Fowler J F, Ritter M A
Department of Human Oncology, University of Wisconsin, Madison 53792, USA.
Int J Radiat Oncol Biol Phys. 1995 May 15;32(2):521-9. doi: 10.1016/0360-3016(95)00545-A.
The incidence of carcinoma of the prostate has recently begun to exceed that of carcinoma of the lung in males in the United States. Although survival and local tumor control after treatment are good for early stages, improvements are being sought for more locally advanced stages. Dose escalation might be of benefit and might be accomplished using "three-dimensional" conformal radiotherapy or hyperfractionation. Because carcinoma of the prostate is known to be a generally slowly growing tumor, there may be more scope for extreme hyperfractionation, even with prolongation to allow for the extra number of very small fractions. This article explores only the hyperfractionation approach, and only theoretically, to investigate when treatments might become too hyperfractionated.
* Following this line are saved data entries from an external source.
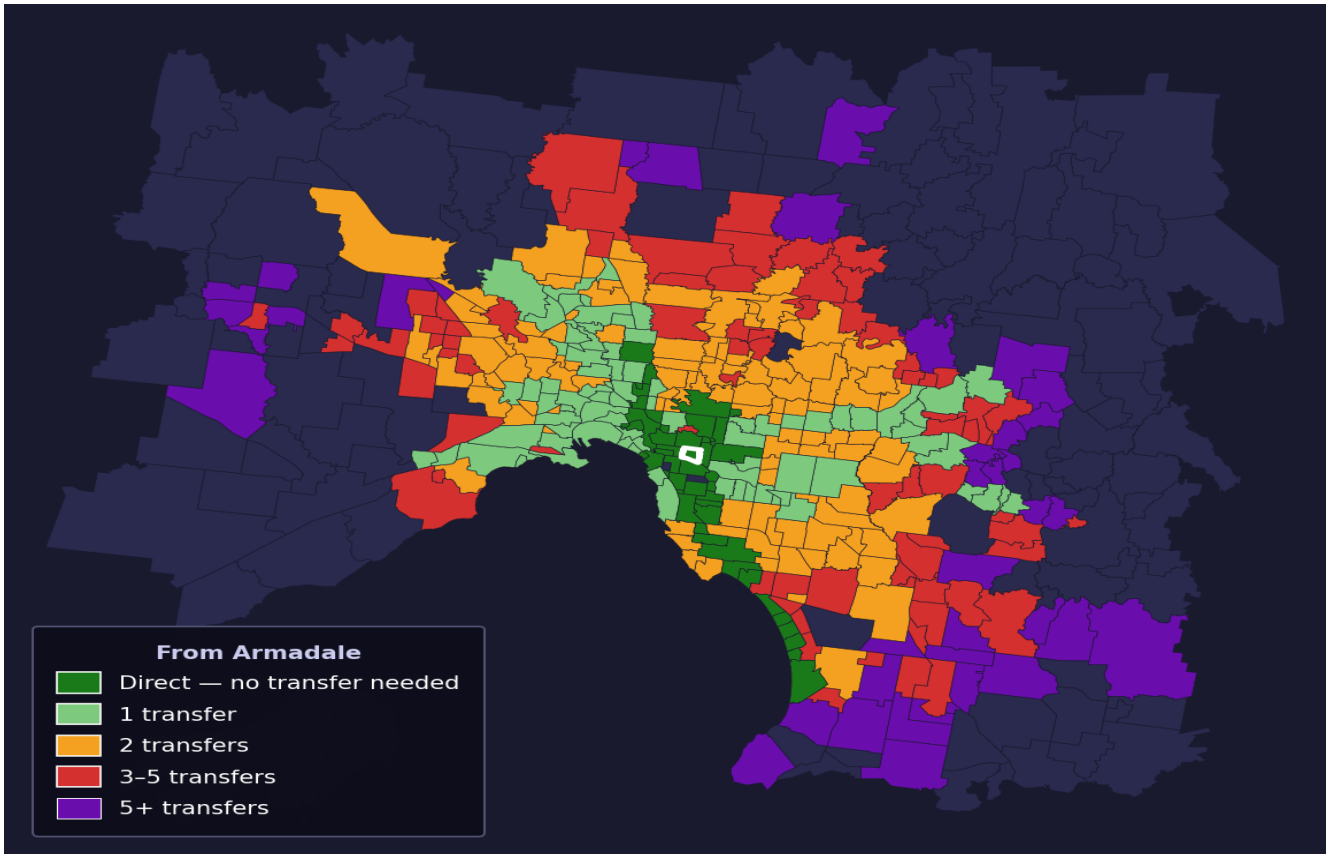

Armadale

Rank #122 of 450 suburbs

Composite 70 _{/100}	Journey Quality 85 _{/100}	Cost Efficiency 41 _{/100}	Connectivity 72 _{/100}
---	---	---	--

Direct (0 transfers)	46 of 450
1 transfer	81 of 450
2 transfers	112 of 450
3-5 transfers	76 of 450
5+ transfers	134 of 450

Destination	Time	Single Trip	Weekly
Melbourne CBD	34 min	\$3.45	\$34.52/wk
Frankston	60 min	\$5.79	\$57.00/wk
Melbourne Airport	109 min	\$6.58	
Box Hill	63 min	\$5.24	\$50.44/wk
Dandenong	58 min	\$5.37	\$53.70/wk

The major problem was what to assume for proliferation rates in human adenocarcinomas. A literature search yielded labeling indices (S-phase proportions) often averaging about 1%, but spreading up to 6% or more in individual cases. These data are reviewed, and three bands of rate of loss of local control were chosen for the subsequent calculations: 0.5%, 1%, and 2% loss of local control per week of prolongation. Calculations were done using the linear-quadratic model for a series of doses per fraction of 1.2, 1.0, 0.8, and 0.6 Gy, given twice a day (b.i.d.) in 7, 9, 12, and 17 weeks, respectively. They were compared with a "standard" 36 fractions of 2 Gy = 72 Gy in 7 weeks. Total doses for equal late effects were calculated assuming a late alpha/beta of 3 Gy; the tumor Biologically Effective Doses were calculated assuming tumor alpha/beta values of 30, 10, and 5 Gy. The possible increases of local tumor control were estimated assuming a gamma-37 slope of 2% (per percent increase in total tumor dose).
Graphs are presented of the estimated local control as a function of dose per fraction (and overall time), for advanced tumors (starting at 30% LC) and for less advanced tumors (starting at 70%). The largest increase is always for the change from 2 Gy once a day (q.d.) to 1.2 Gy b.i.d. Further changes of local control with hyperfractionation depend upon tumor proliferation rate and on the shape of the tumor cell survival curve. The largest gains are for the more advanced tumors.
There is no great encouragement to proceed to more hyperfractionated and prolonged schedules than 1.2-1.0 Gy b.i.d. in 7-9 weeks. We await developments that might more reliably enable potential doubling time and cell survival curve shapes to be routinely determined for individual tumors, before further hyperfractionation might be considered. In the absence of tumor kinetic measurements, we might consider low grade tumors to be the ones to select for prolonged fractionation, whereas high grade tumors would be more suitable for 1.2 Gy b.i.d. with no prolongation, or for dose escalation using conventional fraction sizes and conformal radiotherapy.
在美国男性中,前列腺癌的发病率最近已开始超过肺癌。尽管早期治疗后的生存率和局部肿瘤控制情况良好,但对于局部进展期的情况仍在寻求改善。剂量递增可能有益,可通过“三维”适形放疗或超分割放疗来实现。由于已知前列腺癌通常是生长缓慢的肿瘤,即使延长治疗时间以容纳更多非常小的分次剂量,极端超分割放疗可能仍有更大空间。本文仅从理论上探讨超分割放疗方法,以研究治疗何时可能变得过度超分割。
主要问题是如何假设人类腺癌的增殖率。文献检索得出标记指数(S期比例)通常平均约为1%,但个别情况下可高达6%或更高。对这些数据进行了综述,并为后续计算选择了三个局部控制丧失率范围:每周延长治疗时间导致局部控制丧失0.5%、1%和2%。使用线性二次模型进行计算,每次分割剂量分别为1.2、1.0、0.8和0.6 Gy,每天两次(bid),分别在7、9、12和17周内完成。将它们与“标准”的7周内36次分割、每次2 Gy = 72 Gy进行比较。假设晚期α/β为3 Gy,计算同等晚期效应的总剂量;假设肿瘤α/β值为30、10和5 Gy,计算肿瘤生物等效剂量。假设γ-37斜率为2%(总肿瘤剂量每增加1%),估计局部肿瘤控制的可能增加情况。
给出了估计的局部控制作为每次分割剂量(和总时间)的函数的图表,适用于晚期肿瘤(起始局部控制率为30%)和较早期肿瘤(起始局部控制率为70%)。最大的增加总是从每天一次2 Gy(qd)变为每天两次1.2 Gy。超分割放疗后局部控制的进一步变化取决于肿瘤增殖率和肿瘤细胞存活曲线的形状。最大的获益是对于更晚期的肿瘤。
没有很大的动力去采用比7 - 9周内每天两次给予1.2 - 1.0 Gy更超分割和更长疗程的方案。在考虑进一步超分割放疗之前,我们等待可能更可靠地常规确定个体肿瘤潜在倍增时间和细胞存活曲线形状的进展。在没有肿瘤动力学测量的情况下,我们可能会认为低级别肿瘤适合选择延长分割,而高级别肿瘤更适合每天两次1.2 Gy且不延长疗程,或使用常规分割剂量和适形放疗进行剂量递增。